Leetcode: Merge Sorted Array
Problem Description
Problem definition is taken from leetcode.
Given two sorted integer arrays nums1 and nums2, merge nums2 into nums1 as one sorted array. The number of elements initialized in nums1 and nums2 are m and n respectively. You may assume that nums1 has a size equal to m + n such that it has enough space to hold additional elements from nums2.
Example 1
Input: nums1 = [1,2,3,0,0,0], m = 3, nums2 = [2,5,6], n = 3
Output: [1,2,2,3,5,6]
Example 2
Input: nums1 = [1], m = 1, nums2 = [], n = 0
Output: [1]
Solution 1
Copy nums1 into another list named3. Merge nums2 and nums3 into nums1.

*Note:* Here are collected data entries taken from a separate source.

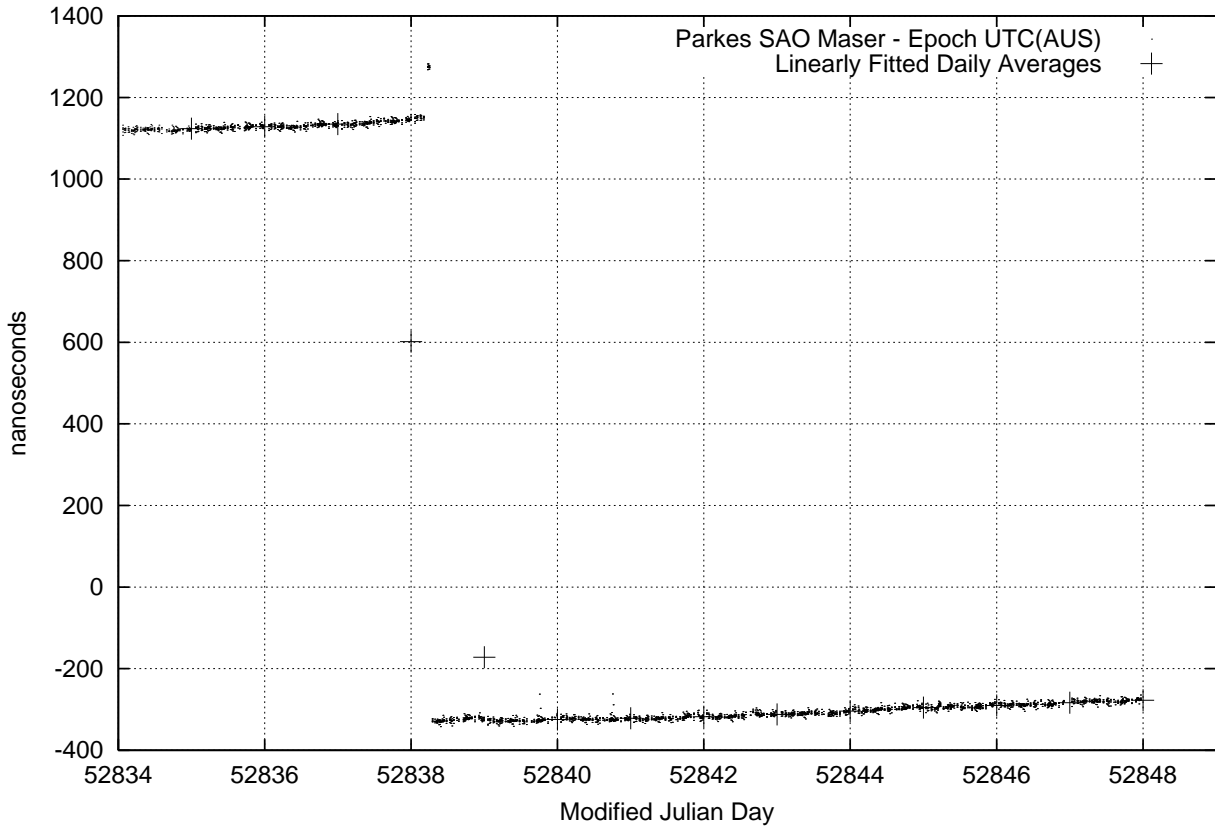

GPS Common-View Time-Transfer between ATNF Parkes and NML Sydney

GPS Common-View Frequency Transfer between ATNF Parkes and NML Sydney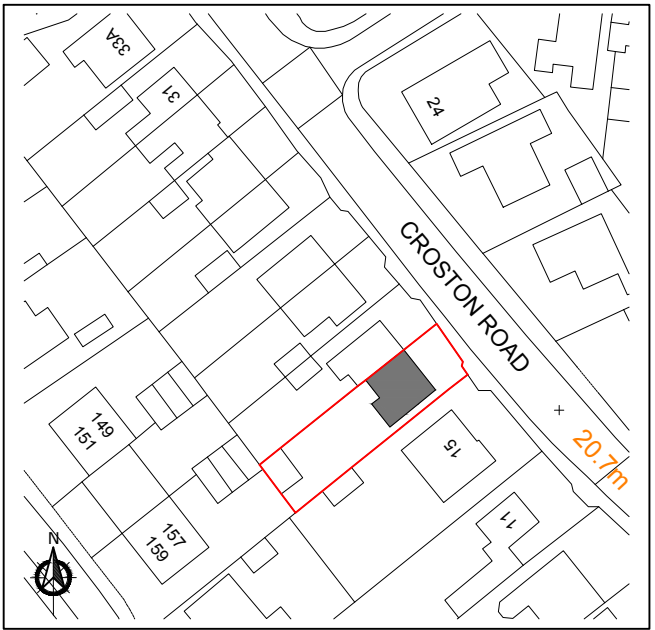

Block Plan 1:200

Location Plan 1:1250

LHG PROJECTS LTD
 Architectural Design & Surveying
 M: 07941 889 509
 E: lhgprojects@gmail.com

PROJECT
 17 Croston Road, Garstang

DRAWING TITLE
 Location & Block Plan

Space complexity is O(M). Time complexity is O(M+N).
class Solution:
def merge(self, nums1: List[int], m: int, nums2: List[int], n: int) -> None:
"""
Do not return anything, modify nums1 in-place instead.
"""
nums3 = [nums1[i] for i in range(m)]
i = 0
j = 0
k = 0
while k < m and j < n:
if nums3[k]<nums2[j]:
nums1[i] = nums3[k]
k = k+1
else:
nums1[i] = nums2[j]
j = j+1
i = i+1
while k==m and j<n:
nums1[i] = nums2[j]
j = j+1
i = i+1
while j==n and k<m:
nums1[i] = nums3[k]
k = k+1
i = i+1
Solution 2
Inspired from a leetcode user post. Uses a backward approach that eliminates the need for an additional temporary array creation.
Space complexity is O(1). Time complexity is O(M+N).
https://leetcode.com/problems/merge-sorted-array/discuss/29522/This-is-my-AC-code-may-help-you
class Solution:
def merge(self, nums1: List[int], m: int, nums2: List[int], n: int) -> None:
"""
Do not return anything, modify nums1 in-place instead.
"""
k = n+m-1
i = m-1
j = n-1
while i>=0 and j>=0:
if nums1[i]>nums2[j]:
nums1[k] = nums1[i]
i = i-1
else:
nums1[k] = nums2[j]
j = j-1
k = k-1
while j>=0:
nums1[k] = nums2[j]
j = j-1
k = k-1